Exactly as written, please repeat the data that follows, but not the pictures.
-- Opening Marker --
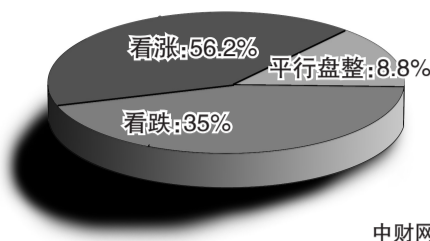

警惕资金出现流出迹象

本周市场大幅回暖,到周五A股市场才小幅收低,沪指在3000点大关面前,连续第3日得而复失。虽然市场反弹依然在强劲进行,但流动资金却出现部分流出迹象,值得警惕。须重点关注金融、地产、钢铁等蓝筹板块新动向,短线波段操作。

股市后市多空调查

一周主力动向

沪市一周风云榜

Table with 3 columns: 涨幅前5名, 代码, 名称, 涨幅(%). Includes entries like 重庆百货, 新农开发, etc.

深市一周风云榜

Table with 3 columns: 涨幅前5名, 代码, 名称, 涨幅(%). Includes entries like 深深房A, 潍柴重机, etc.

跌幅前5名

Table with 3 columns: 跌幅前5名, 代码, 名称, 跌幅(%). Includes entries like 上海家化, 兰生股份, etc.

跌幅前5名

Table with 3 columns: 跌幅前5名, 代码, 名称, 跌幅(%). Includes entries like 美邦服饰, 华兰生物, etc.

换手率前5名

Table with 3 columns: 换手率前5名, 代码, 名称, 换手率(%). Includes entries like 上柴股份, 熊猫烟花, etc.

换手率前5名

Table with 3 columns: 换手率前5名, 代码, 名称, 换手率(%). Includes entries like 辉煌科技, 三力士, etc.

成交金额前5名

Table with 3 columns: 成交金额前5名, 代码, 名称, 总金额(元). Includes entries like 山东黄金, 中信证券, etc.
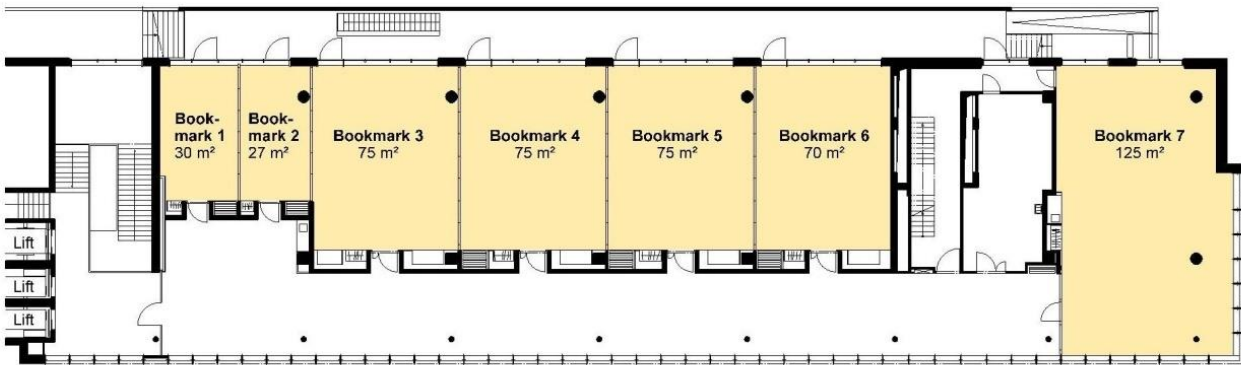

Raumpläne

1.Obergeschoss

Grundrisse

Räume						Masse (L x B x H)	Fläche
Bookmark 1	12	-	-	-	-	7,2 x 4,1 x 3 m	30m ²
Bookmark 2	12	-	-	-	-	7.2 x 3.7 x 3 m	27m ²
Bookmark 3	28	22	40	54	65	9.8 x 7.7 x 3 m	75m ²
Bookmark 4	28	22	40	54	65	9.8 x 7.7 x 3 m	75m ²
Bookmark 5	28	22	40	54	65	9.8 x 7.7 x 3 m	75m ²
Bookmark 6	28	22	40	54	65	9.8 x 7.2 x 3 m	70m ²
Bookmark 7	40	34	56	104	110	15.2 x 8.2 x 3 m	125m ²
Bookmark 1 & 2	24	18	34	30	30	7.9 x 7.2 x 3 m	57m ²
Bookmark 3 & 4	48	40	70	108	100	15.5 x 9.8 x 3 m	152m ²
Bookmark 5 & 6	46	40	70	100	92	15 x 9.8 x 3 m	147m ²
Bookmark 3,4 & 5	-	-	-	155	170	23.3 x 9.8 x 3 m	228m ²
Bookmark 3,4,5 & 6	-	-	-	220	220	30.6 x 9.8 x 3 m	300m ²
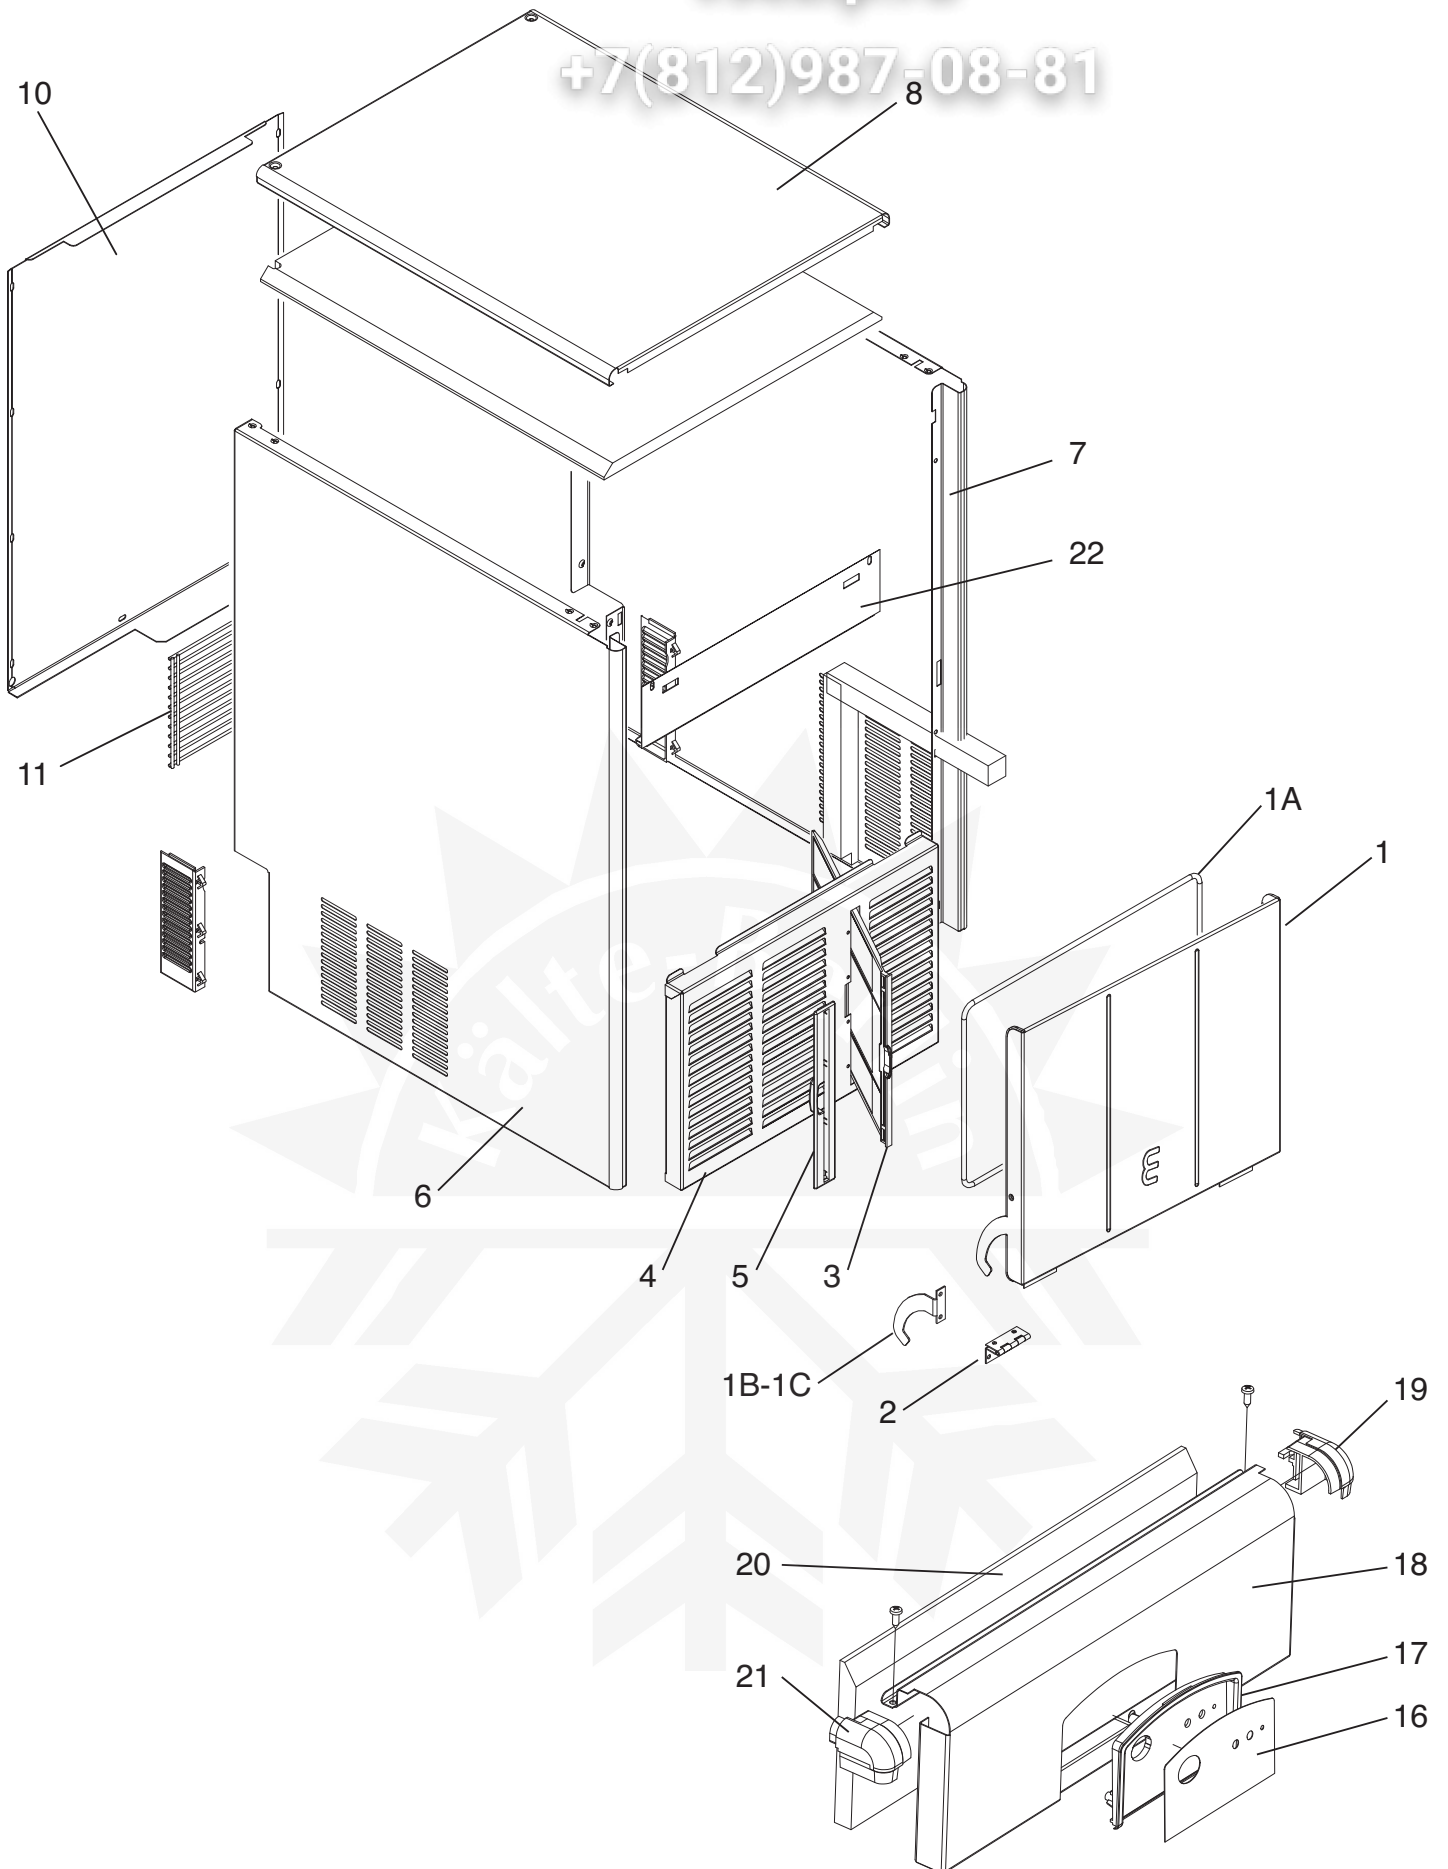

Pos. Nr.	Codice Code	Descrizione	Description	Description	
1	81400075/0	ASSIEME PORTA	DOOR ASSY	ENSEMBLE PORTE	1
1A	19352049/0	GUARNIZIONE PORTA	GASKET	JOINT D'ÉTANCHÉITÉ	1
1B	25325902/0	FERMO PORTA DX	DOOR STOP DX	ARRÊT DE PORTE DX	1
1C	25325903/0	FERMO PORTA SX	DOOR STOP DX	ARRÊT DE PORTE DX	1
1D	25030037/0	ALBERINO PORTA	DOOR SHAFT	PIVOT PORTE	1
2	25130141/0	CERNIERE	HINGES	CHARNIÈRES	2
3	25339014/0	FILTRO	FILTER	FILTRE	1
4	25610127/0	PRESA ARIA FRONTALE	FRONTAL AIR INTAKE	PRISE D'AIR FRONTALE	1
5	25725610/0	CORNICE SUPPORTO FILTRO	FILTER SUPPORT FRAME	CADRE DE SUPPORT DU FILTRE	1
6	81400022/0	PANNELLO LATERALE SINISTRO	LEFT SIDE	PANNEAU GAUCHE	1
7	81400021/0	PANNELLO LATERALE DESTRO	RIGHT SIDE	PANNEAU DROITE	1
8	81400073/0	PANNELLO COPERCHIO	COVER PANEL	COUVERCLE	1
9	41109519/0	MAGNETI CHIUSURA	MAGNETIC CLOSURE	FERMETURE MAGNÉTIQUE	2
10	25550894/0	PANNELLO POSTERIORE	BACK PANEL	PANNEAU POSTERIEURE	1
11	25380403/0	GRIGLIA POSTERIORE	REAR GRILLE	GRILLE POSTERIEURE	1
16	19263108/0	ETICHETTA	LABEL	ÉTIQUETTE	1
17	25165558/0	CORNICE INT. E QUADRO COMANDI	INTERNAL FRAME AND CONTROL PANEL	INTERIEUR CADRE ET PANNEAU DE COMMANDE	1
18	25175246/0	CRUSCOTTO	DASH BOARD	TABEAU DE BORD	1
19	25088565/0	ANGOLO DESTRO	CORNER RIGHT	DROITE COIN	1
20	25410128/0	ISOLAMENTO	INSULATION	ISOLATION	1
21	25088566/0	ANGOLO SINISTRO	CORNER LEFT	COIN GAUCHE	1
22	25470055/0	MASCHERA DI COPERTURA	COVER PLATE	TOLE DE COUVERTURE	1
-- Closing Marker --
• [Exercise solution]:
警惕资金出现流出迹象

本周市场大幅回暖,到周五A股市场才小幅收低,沪指在3000点大关面前,连续第3日得而复失。虽然市场反弹依然在强劲进行,但流动资金却出现部分流出迹象,值得警惕。须重点关注金融、地产、钢铁等蓝筹板块新动向,短线波段操作。

股市后市多空调查

一周主力动向

沪市一周风云榜

Table with 3 columns: 涨幅前5名, 代码, 名称, 涨幅(%). Includes entries like 重庆百货, 新农开发, etc.

深市一周风云榜

Table with 3 columns: 涨幅前5名, 代码, 名称, 涨幅(%). Includes entries like 深深房A, 潍柴重机, etc.

跌幅前5名

Table with 3 columns: 跌幅前5名, 代码, 名称, 跌幅(%). Includes entries like 上海家化, 兰生股份, etc.

跌幅前5名

Table with 3 columns: 跌幅前5名, 代码, 名称, 跌幅(%). Includes entries like 美邦服饰, 华兰生物, etc.

换手率前5名

Table with 3 columns: 换手率前5名, 代码, 名称, 换手率(%). Includes entries like 上柴股份, 熊猫烟花, etc.

换手率前5名

Table with 3 columns: 换手率前5名, 代码, 名称, 换手率(%). Includes entries like 辉煌科技, 三力士, etc.

成交金额前5名

Table with 3 columns: 成交金额前5名, 代码, 名称, 总金额(元). Includes entries like 山东黄金, 中信证券, etc.

Raumpläne

1.Obergeschoss

Grundrisse

Räume						Masse (L x B x H)	Fläche
Bookmark 1	12	-	-	-	-	7,2 x 4,1 x 3 m	30m ²
Bookmark 2	12	-	-	-	-	7.2 x 3.7 x 3 m	27m ²
Bookmark 3	28	22	40	54	65	9.8 x 7.7 x 3 m	75m ²
Bookmark 4	28	22	40	54	65	9.8 x 7.7 x 3 m	75m ²
Bookmark 5	28	22	40	54	65	9.8 x 7.7 x 3 m	75m ²
Bookmark 6	28	22	40	54	65	9.8 x 7.2 x 3 m	70m ²
Bookmark 7	40	34	56	104	110	15.2 x 8.2 x 3 m	125m ²
Bookmark 1 & 2	24	18	34	30	30	7.9 x 7.2 x 3 m	57m ²
Bookmark 3 & 4	48	40	70	108	100	15.5 x 9.8 x 3 m	152m ²
Bookmark 5 & 6	46	40	70	100	92	15 x 9.8 x 3 m	147m ²
Bookmark 3,4 & 5	-	-	-	155	170	23.3 x 9.8 x 3 m	228m ²
Bookmark 3,4,5 & 6	-	-	-	220	220	30.6 x 9.8 x 3 m	300m ²

Pos. Nr.	Codice Code	Descrizione	Description	Description	
1	81400075/0	ASSIEME PORTA	DOOR ASSY	ENSEMBLE PORTE	1
1A	19352049/0	GUARNIZIONE PORTA	GASKET	JOINT D'ÉTANCHÉITÉ	1
1B	25325902/0	FERMO PORTA DX	DOOR STOP DX	ARRÊT DE PORTE DX	1
1C	25325903/0	FERMO PORTA SX	DOOR STOP DX	ARRÊT DE PORTE DX	1
1D	25030037/0	ALBERINO PORTA	DOOR SHAFT	PIVOT PORTE	1
2	25130141/0	CERNIERE	HINGES	CHARNIÈRES	2
3	25339014/0	FILTRO	FILTER	FILTRE	1
4	25610127/0	PRESA ARIA FRONTALE	FRONTAL AIR INTAKE	PRISE D'AIR FRONTALE	1
5	25725610/0	CORNICE SUPPORTO FILTRO	FILTER SUPPORT FRAME	CADRE DE SUPPORT DU FILTRE	1
6	81400022/0	PANNELLO LATERALE SINISTRO	LEFT SIDE	PANNEAU GAUCHE	1
7	81400021/0	PANNELLO LATERALE DESTRO	RIGHT SIDE	PANNEAU DROITE	1
8	81400073/0	PANNELLO COPERCHIO	COVER PANEL	COUVERCLE	1
9	41109519/0	MAGNETI CHIUSURA	MAGNETIC CLOSURE	FERMETURE MAGNÉTIQUE	2
10	25550894/0	PANNELLO POSTERIORE	BACK PANEL	PANNEAU POSTERIEURE	1
11	25380403/0	GRIGLIA POSTERIORE	REAR GRILLE	GRILLE POSTERIEURE	1
16	19263108/0	ETICHETTA	LABEL	ÉTIQUETTE	1
17	25165558/0	CORNICE INT. E QUADRO COMANDI	INTERNAL FRAME AND CONTROL PANEL	INTERIEUR CADRE ET PANNEAU DE COMMANDE	1
18	25175246/0	CRUSCOTTO	DASH BOARD	TABEAU DE BORD	1
19	25088565/0	ANGOLO DESTRO	CORNER RIGHT	DROITE COIN	1
20	25410128/0	ISOLAMENTO	INSULATION	ISOLATION	1
21	25088566/0	ANGOLO SINISTRO	CORNER LEFT	COIN GAUCHE	1
22	25470055/0	MASCHERA DI COPERTURA	COVER PLATE	TOLE DE COUVERTURE	1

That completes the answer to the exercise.